Task requirements: The entries follow. Copy every line in which "Angle" appears.

Data items
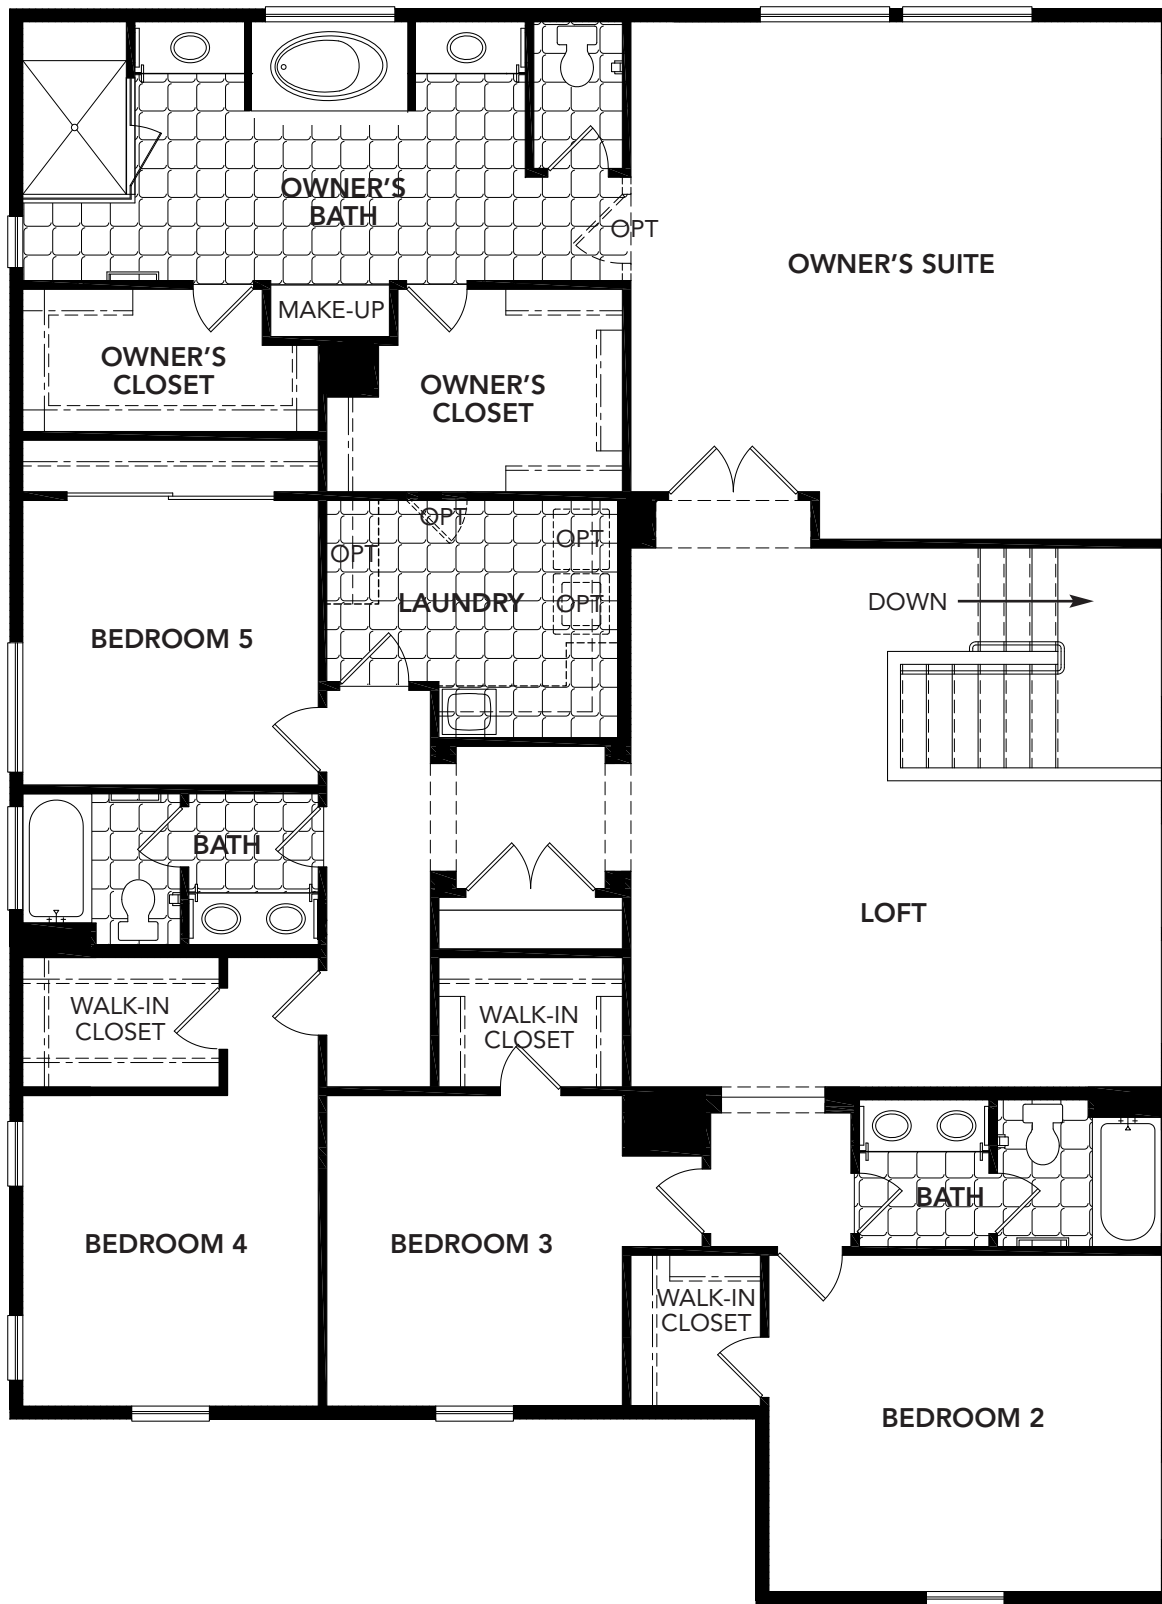

HERITAGE COLLECTION  
**RESIDENCE SIXTEEN**

4,365 Square Feet

**FIRST FLOOR (SPANISH ELEVATION)**

**BLANDFORD  
HOMES**

MulberryNeighborhood.com

**PRELIMINARY 1/26/15**  
Minor modifications will  
be forthcoming

HERITAGE COLLECTION  
**RESIDENCE SIXTEEN**

4,365 Square Feet

**SECOND FLOOR (SPANISH ELEVATION)**

**BLANDFORD  
HOMES**

MulberryNeighborhood.com

**PRELIMINARY 1/26/15**  
Minor modifications will  
be forthcoming
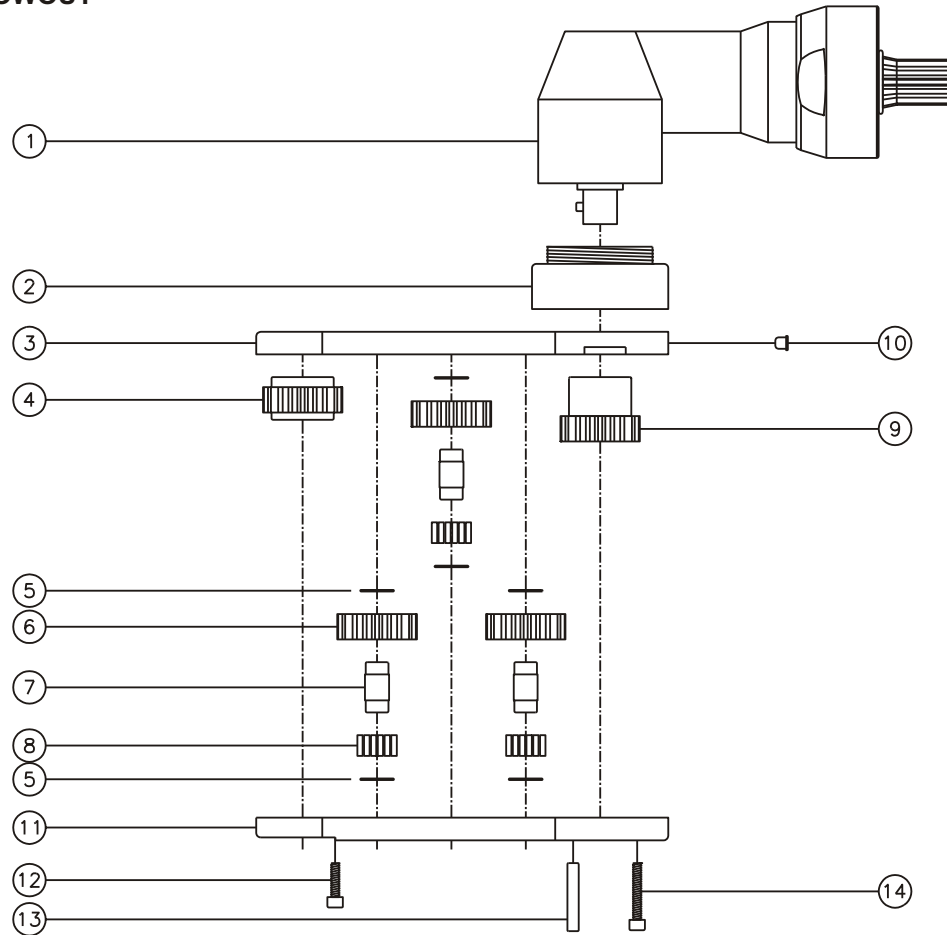

D & D PRODUCTION INC.

ASSEMBLY NO. 241416-3M

HEAD NO. 3202

CROWFOOT ASS'Y
Rev. A
05-11-95

2500 WILLIAMS DRIVE • WATERFORD, MI • 48328

PHONE : (248) 334-2112 • FAX : (248) 334-0062

SIDE VIEW

TOP VIEW

GEAR ASSEMBLY

PARTS BLOWOUT

ITEM	DESCRIPTION	PART NO.	ITEM	DESCRIPTION	PART NO.	ITEM	DESCRIPTION	PART NO.
1	Angle Head	32	11	Gear Housing (Bottom)	241416-3M-P			
2	Angle Head Adapter	HA 3211	12	Screw #1 (6)	S-406SH			
3	Gear Housing (Top)	241416-3M-H	13	Dowel Pin (2)	DP-812			
4	Socket Gear	201615-XX	14	Screw #2 (4)	S-410SH			
5	Thrust Race (6)	W-1390-016						
6	Idler Gear (3)	201609						
7	Idler Pin (3)	IP-0816						
8	Bearing Needles (51)	LR15M58						
9	Drive Gear	201623-SD						
10	Grease Fitting	1877

Task solution:
1	Angle Head	32	11	Gear Housing (Bottom)	241416-3M-P			
2	Angle Head Adapter	HA 3211	12	Screw #1 (6)	S-406SH			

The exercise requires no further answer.